In these verses Paul is advising us to not allow our thoughts to cause divisions or separations:  Not to allow persecution to escalate; to connect with those who rejoice and those who weep; to make sure we think about each other similarly, not categorizing people or holding some closer or as better than others; to not allow our thought to get too lofty or high minded to keep us from associating with some people we may consider of lower class or position in life, and again, not to think too highly of our self and our opinions.  We must guard against these things.

Thinking towards our enemy (verses 17 to 21)

“Repay no one evil for evil. Have regard for good things in the sight of all men. Beloved do not avenge yourselves, but rather give place to wrath; for it is written, ‘Vengeance is Mine, I will repay,’ says the Lord.  Therefore ‘If your enemy is hungry, feed him; if he is thirsty, give him drink; for in so doing you will heap coals of fire on his head.’ Do not be overcome by evil, but overcome evil with good.” Romans 12:17-21

Last February, I wrote an entire message about these verses entitled “Overcome Evil with Good” , so I won’t spend too much time on this topic here.  Suffice it to say that our attitude and thinking towards our enemy needs to be very different than it was in the world.   We know that revenge is a common mindset for many people in the world, but as Christians we must now show mercy and allow God to repay people for their evil acts.  I am convinced that if we truly die to this world and set our hopes and affections on the things of the Spirit and heaven, and if we get a true picture of the reality of God’s act of love and forgiveness towards us by sending His Son Jesus to pay the price for our sins, allowing us to enter into His kingdom, we will then be able to ignore or release any desire to take vengeance on our enemies.  It will come naturally as a result of God changing our heart and mind from being carnal to being spiritual.

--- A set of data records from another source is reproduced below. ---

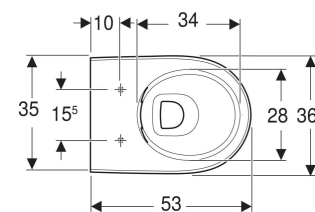

Geberit Selnova fali WC, Premium, WC mélyöblítésű, zárt forma, Rimfree

FELHASZNÁLÁSI TERÜLETEK

- Falsík alatti öblítőtartályokhoz

TULAJDONSÁGOK

- Falra szerelhető
- Mélyöblítésű WC
- Öblítőperem nélküli WC-kerámia Rimfree öblítési technológiával

- Egyszerű rögzítés az Easy Fast Fixing (EFF3 típus) segítségével
- 1. típus, teljes mennyiség 6 / 5 / 4 l, EN 997 szerint
- Zárt forma

MŰSZAKI ADATOK

Alapanyag
Rögzítési távolság

Szaniterkerámia
18 cm

SZÁLLÍTÁSI TERJEDELEM

- WC-kerámia
- Rögzítőanyag

KIEGÉSZÍTŐLEG MEGRENDELENDŐ

- WC-ülőke

Cikksz.	Szín / felület	B cm	H cm	T cm	Lefolyó
502.035.00.1	fehér	36	33	53	vízszintes

This mindset is aligned with previous verses that advised us to know our place.  We are not a judge for anyone.  We need to allow God, whose place it really is, to avenge evil and show His wrath towards evil doers.  We have no right to exercise wrath towards people, but instead should be in a humble place of forgiving them as we have been forgiven, many times for doing the very same things that they have done.


When we offer our bodies as a living sacrifice to God, or, in other words, when we consider ourselves dead to this world and alive towards God, loving and serving Him, we can then transform our thinking, changing our thoughts and attitude to be conformed to God’s ways and purposes, rather than to the ways and purposes of this world.  Paul has spelled out in the 12th chapter of Romans some practical guidance and checks for our thinking in the areas of how we think about ourselves, how we should think about others, and how we should think about our service to God.  Love is the guide, as well as our thinking towards good and evil.  Paul’s words in these verses are very practical and actionable.  We should visit them from time to time and examine ourselves to see that we are adhering to his advice.

Chapters 13, 14 and 15 of Romans continue with additional advice for us regarding our thoughts and actions.  Perhaps this will be the topic of a future message.  For now, God Bless!